--- Extracted material Enclosed Below ---
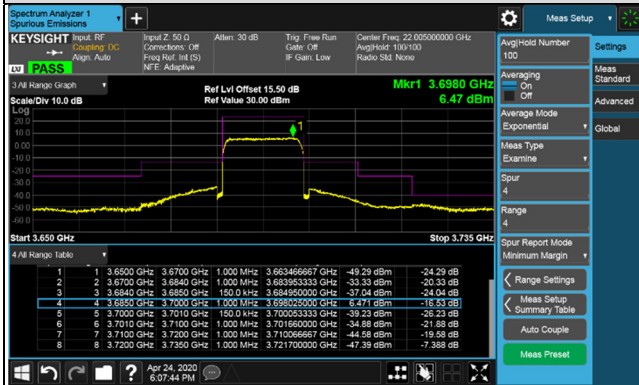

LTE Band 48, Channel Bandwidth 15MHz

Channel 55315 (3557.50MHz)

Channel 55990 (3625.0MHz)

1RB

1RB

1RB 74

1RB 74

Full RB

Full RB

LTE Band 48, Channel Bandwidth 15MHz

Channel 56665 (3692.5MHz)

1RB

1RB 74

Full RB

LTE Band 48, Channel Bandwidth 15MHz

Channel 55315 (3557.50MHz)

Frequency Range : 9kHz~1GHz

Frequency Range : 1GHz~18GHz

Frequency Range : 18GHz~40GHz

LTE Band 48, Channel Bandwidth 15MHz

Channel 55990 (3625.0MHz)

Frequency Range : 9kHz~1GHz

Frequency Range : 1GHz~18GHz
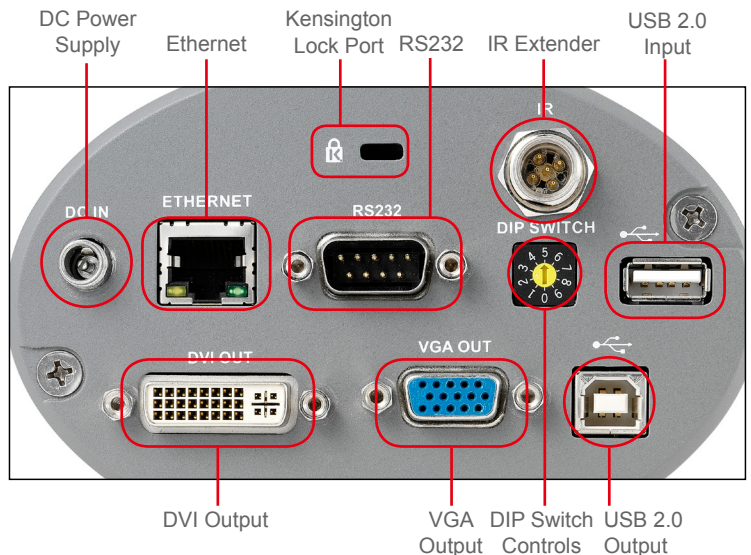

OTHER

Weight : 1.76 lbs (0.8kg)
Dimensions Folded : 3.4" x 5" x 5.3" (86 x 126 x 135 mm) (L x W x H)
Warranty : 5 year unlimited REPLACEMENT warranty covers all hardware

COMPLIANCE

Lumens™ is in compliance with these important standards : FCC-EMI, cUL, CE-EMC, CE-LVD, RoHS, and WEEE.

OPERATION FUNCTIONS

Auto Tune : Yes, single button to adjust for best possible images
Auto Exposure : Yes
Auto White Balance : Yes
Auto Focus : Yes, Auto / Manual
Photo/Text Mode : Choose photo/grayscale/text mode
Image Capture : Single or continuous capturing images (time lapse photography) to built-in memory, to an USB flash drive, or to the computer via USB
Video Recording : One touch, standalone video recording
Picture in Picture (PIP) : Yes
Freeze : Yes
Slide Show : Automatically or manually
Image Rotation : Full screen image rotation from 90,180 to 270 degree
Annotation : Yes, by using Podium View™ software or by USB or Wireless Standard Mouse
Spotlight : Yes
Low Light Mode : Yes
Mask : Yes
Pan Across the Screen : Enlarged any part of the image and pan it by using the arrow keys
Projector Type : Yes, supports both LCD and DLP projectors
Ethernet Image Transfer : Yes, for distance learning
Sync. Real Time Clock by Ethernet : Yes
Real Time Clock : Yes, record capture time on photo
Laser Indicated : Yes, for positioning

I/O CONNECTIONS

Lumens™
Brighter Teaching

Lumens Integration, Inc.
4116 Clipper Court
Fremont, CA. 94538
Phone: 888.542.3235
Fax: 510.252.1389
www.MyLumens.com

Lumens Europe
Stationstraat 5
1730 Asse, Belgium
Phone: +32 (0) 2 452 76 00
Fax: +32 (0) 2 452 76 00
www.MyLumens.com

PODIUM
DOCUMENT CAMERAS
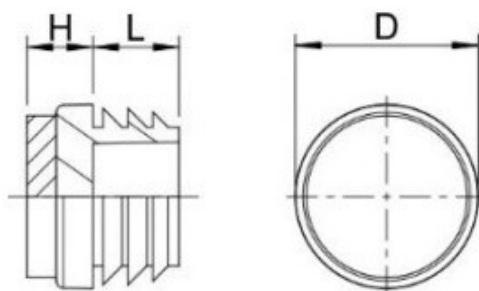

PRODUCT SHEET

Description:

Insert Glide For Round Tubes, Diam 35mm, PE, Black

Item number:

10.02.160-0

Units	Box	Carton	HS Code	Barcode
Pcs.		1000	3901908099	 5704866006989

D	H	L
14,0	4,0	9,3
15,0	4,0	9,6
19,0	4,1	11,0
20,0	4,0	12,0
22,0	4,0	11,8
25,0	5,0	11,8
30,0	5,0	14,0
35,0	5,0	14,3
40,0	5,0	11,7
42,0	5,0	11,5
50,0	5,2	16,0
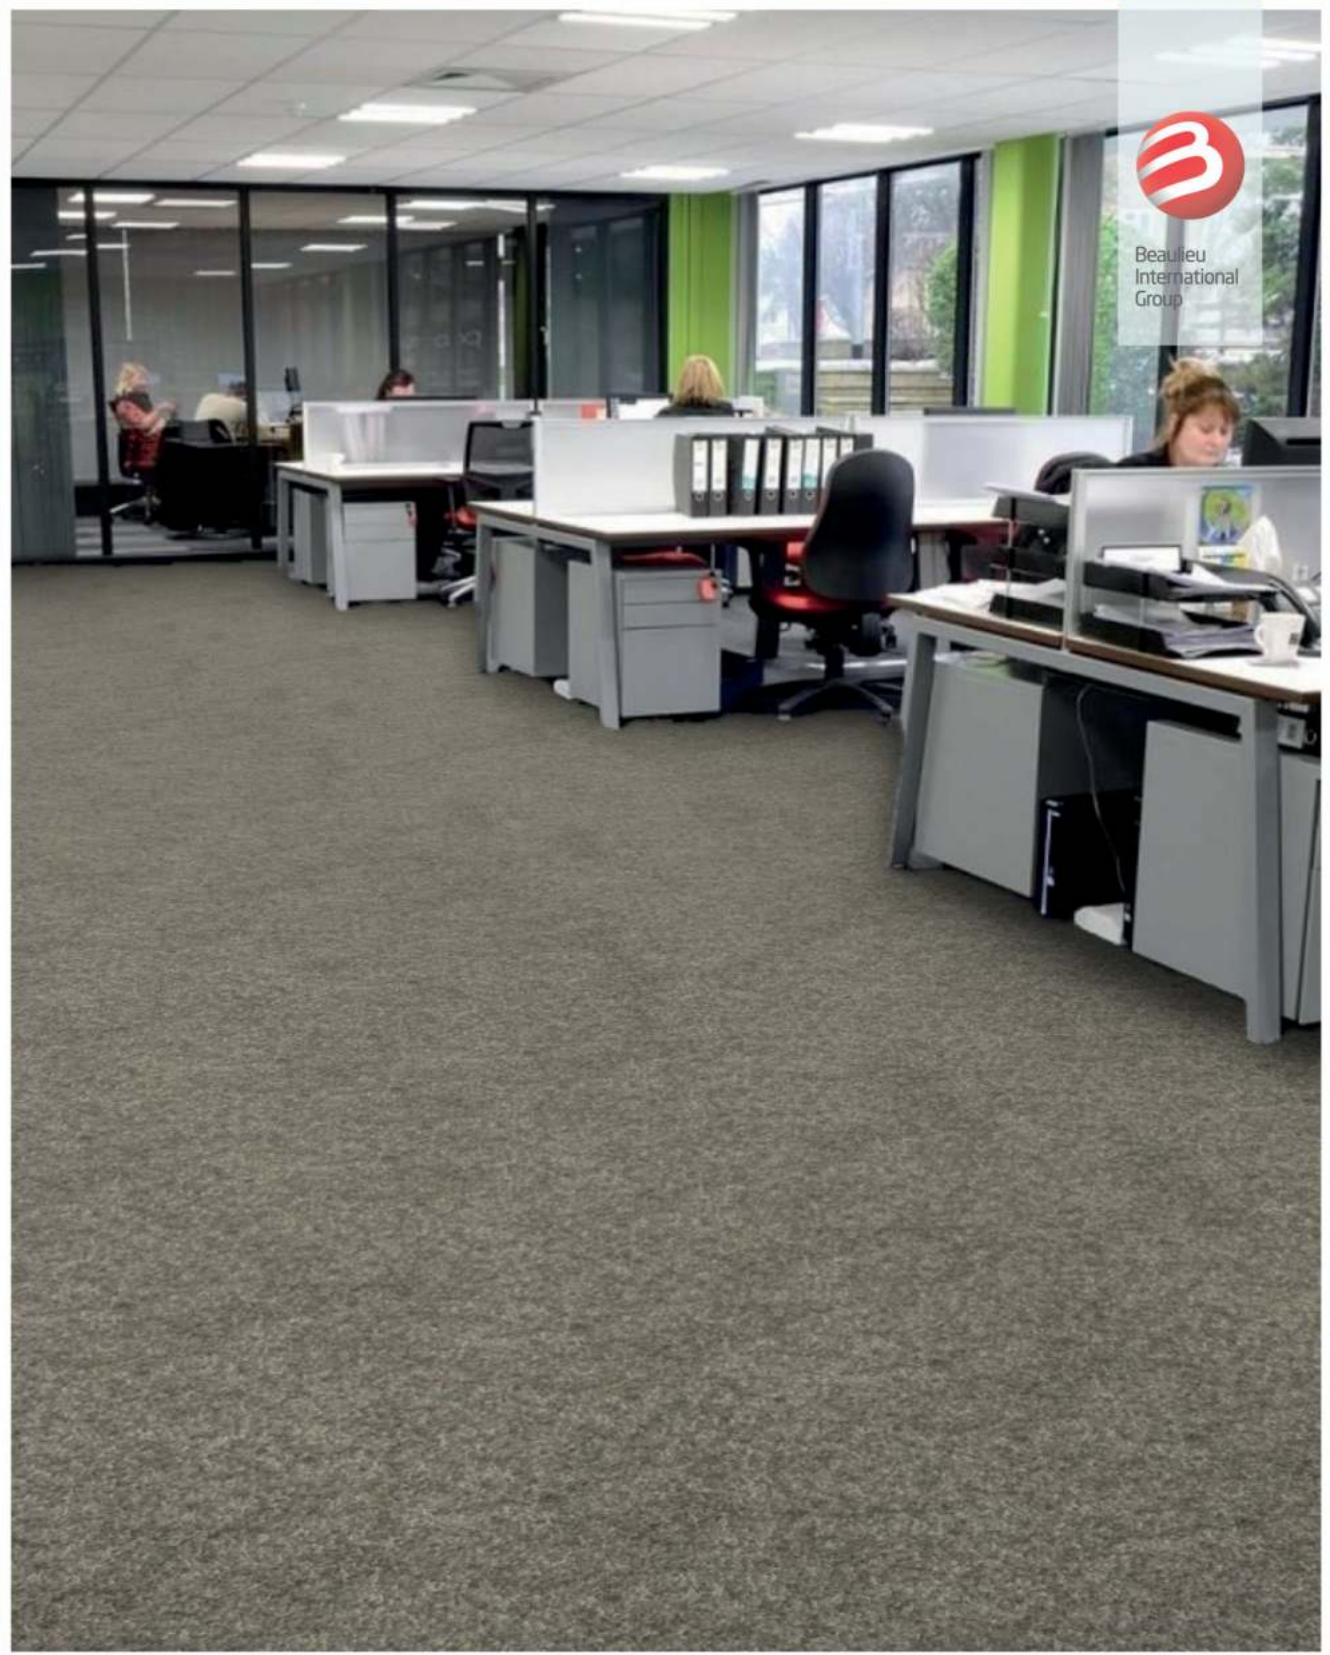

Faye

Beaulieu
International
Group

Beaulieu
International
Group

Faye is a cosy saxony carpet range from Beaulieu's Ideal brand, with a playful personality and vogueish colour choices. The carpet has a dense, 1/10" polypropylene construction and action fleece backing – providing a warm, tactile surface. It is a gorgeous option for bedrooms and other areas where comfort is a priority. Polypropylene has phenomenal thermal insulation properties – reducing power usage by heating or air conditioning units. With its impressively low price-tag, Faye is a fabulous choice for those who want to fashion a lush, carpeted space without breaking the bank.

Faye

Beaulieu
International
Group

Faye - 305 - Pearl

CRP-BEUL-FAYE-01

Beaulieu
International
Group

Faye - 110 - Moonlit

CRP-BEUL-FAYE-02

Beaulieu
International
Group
--- End of Enclosed Extracted material ---
--- Extracted material Enclosed Below ---
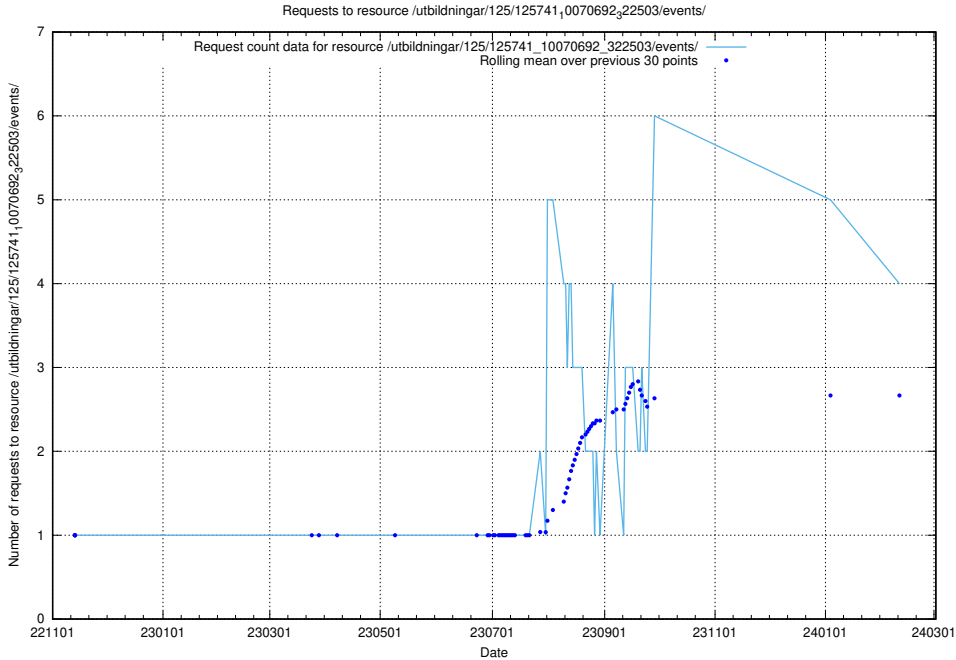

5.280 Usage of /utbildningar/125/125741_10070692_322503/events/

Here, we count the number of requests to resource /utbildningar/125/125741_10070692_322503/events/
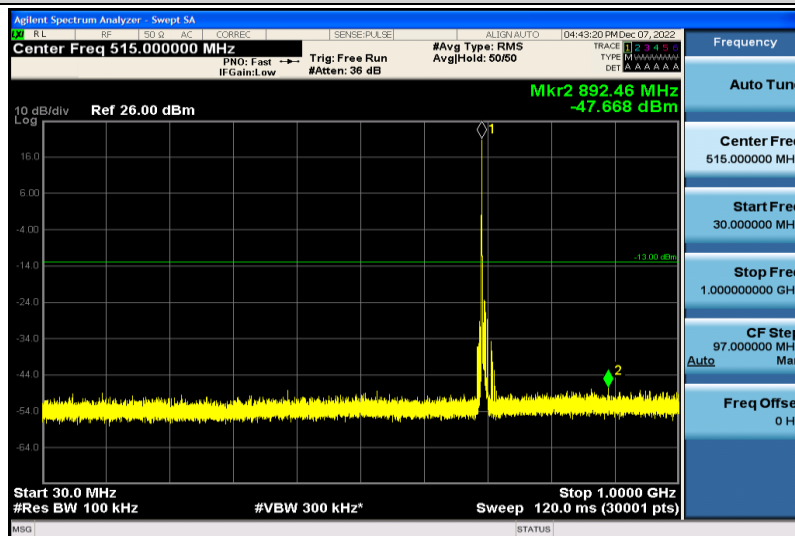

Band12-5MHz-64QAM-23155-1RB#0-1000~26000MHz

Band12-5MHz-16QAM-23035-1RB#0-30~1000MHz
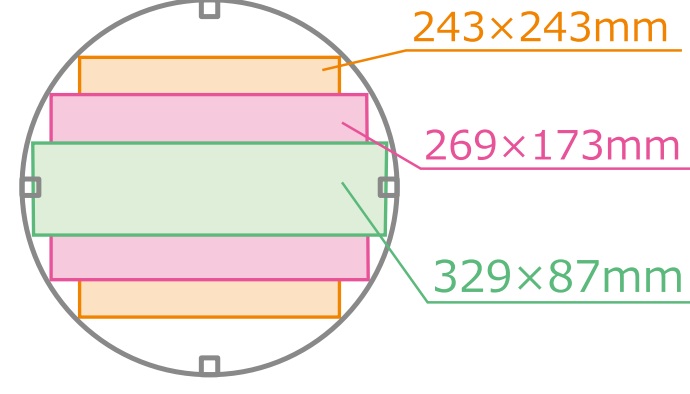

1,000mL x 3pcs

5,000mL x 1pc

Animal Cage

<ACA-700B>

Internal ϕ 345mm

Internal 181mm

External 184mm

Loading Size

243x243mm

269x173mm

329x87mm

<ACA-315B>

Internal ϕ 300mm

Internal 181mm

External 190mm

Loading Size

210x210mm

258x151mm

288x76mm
--- End of Enclosed Extracted material ---
--- Extracted material Enclosed Below ---
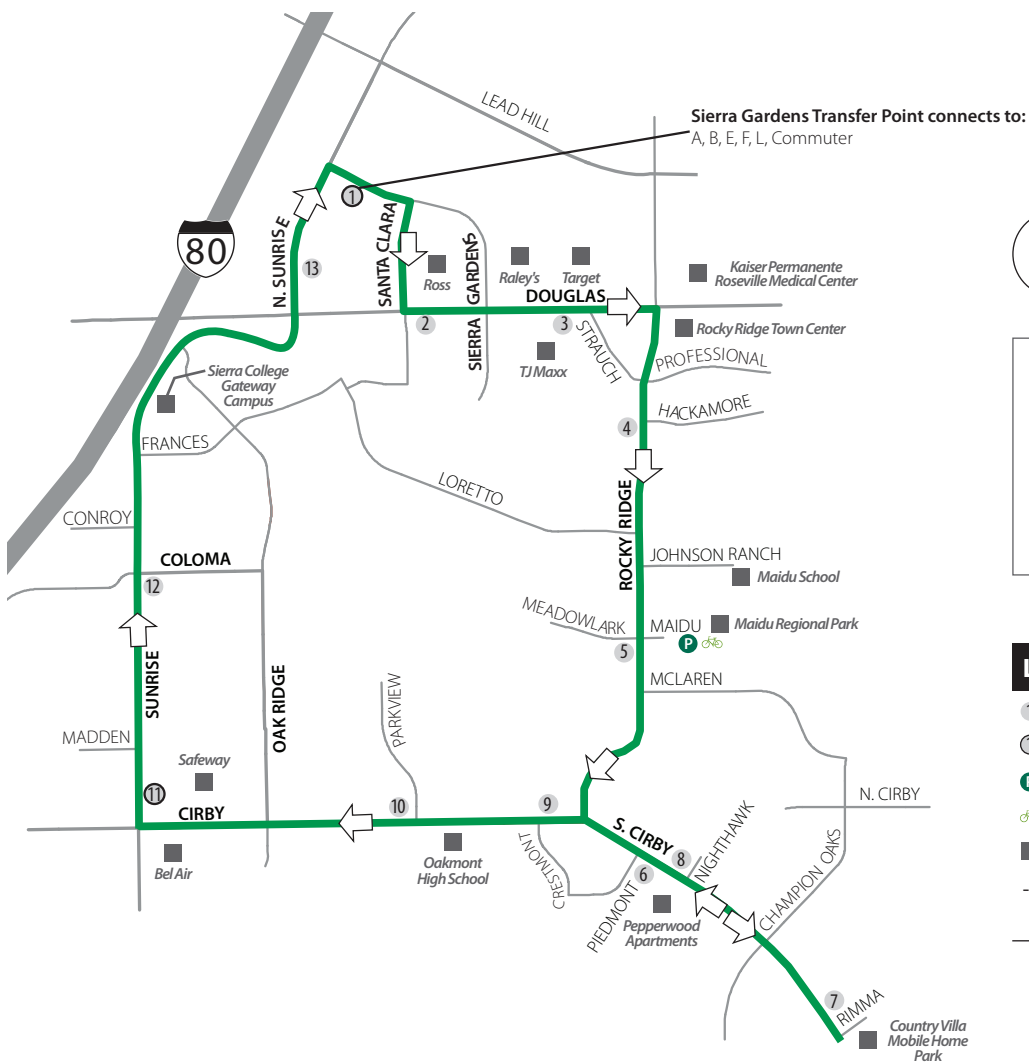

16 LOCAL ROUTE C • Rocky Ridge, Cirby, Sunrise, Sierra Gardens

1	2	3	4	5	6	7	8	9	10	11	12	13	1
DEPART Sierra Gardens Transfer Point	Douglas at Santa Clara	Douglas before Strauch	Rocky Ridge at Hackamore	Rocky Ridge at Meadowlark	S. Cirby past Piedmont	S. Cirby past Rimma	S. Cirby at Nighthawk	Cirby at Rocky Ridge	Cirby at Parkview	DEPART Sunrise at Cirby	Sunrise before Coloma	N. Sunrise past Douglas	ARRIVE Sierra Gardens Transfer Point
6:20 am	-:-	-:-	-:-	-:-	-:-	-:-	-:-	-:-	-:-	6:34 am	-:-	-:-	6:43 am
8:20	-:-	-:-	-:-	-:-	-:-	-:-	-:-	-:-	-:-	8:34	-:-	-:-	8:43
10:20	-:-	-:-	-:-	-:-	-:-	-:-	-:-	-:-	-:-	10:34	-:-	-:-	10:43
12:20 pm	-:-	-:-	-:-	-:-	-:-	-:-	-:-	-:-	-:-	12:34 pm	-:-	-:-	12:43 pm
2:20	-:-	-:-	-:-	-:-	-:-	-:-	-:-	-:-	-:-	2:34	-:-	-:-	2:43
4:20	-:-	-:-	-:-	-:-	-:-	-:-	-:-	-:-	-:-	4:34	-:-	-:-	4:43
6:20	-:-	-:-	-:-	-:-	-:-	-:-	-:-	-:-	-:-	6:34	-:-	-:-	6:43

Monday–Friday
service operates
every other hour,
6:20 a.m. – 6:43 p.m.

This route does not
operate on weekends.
--- End of Enclosed Extracted material ---
Would you please return all lines of the data that include the word "images"?

Auto Tune : Yes, single button to adjust for best possible images
Image Capture : Single or continuous capturing images (time lapse photography) to built-in memory, to an USB flash drive, or to the computer via USB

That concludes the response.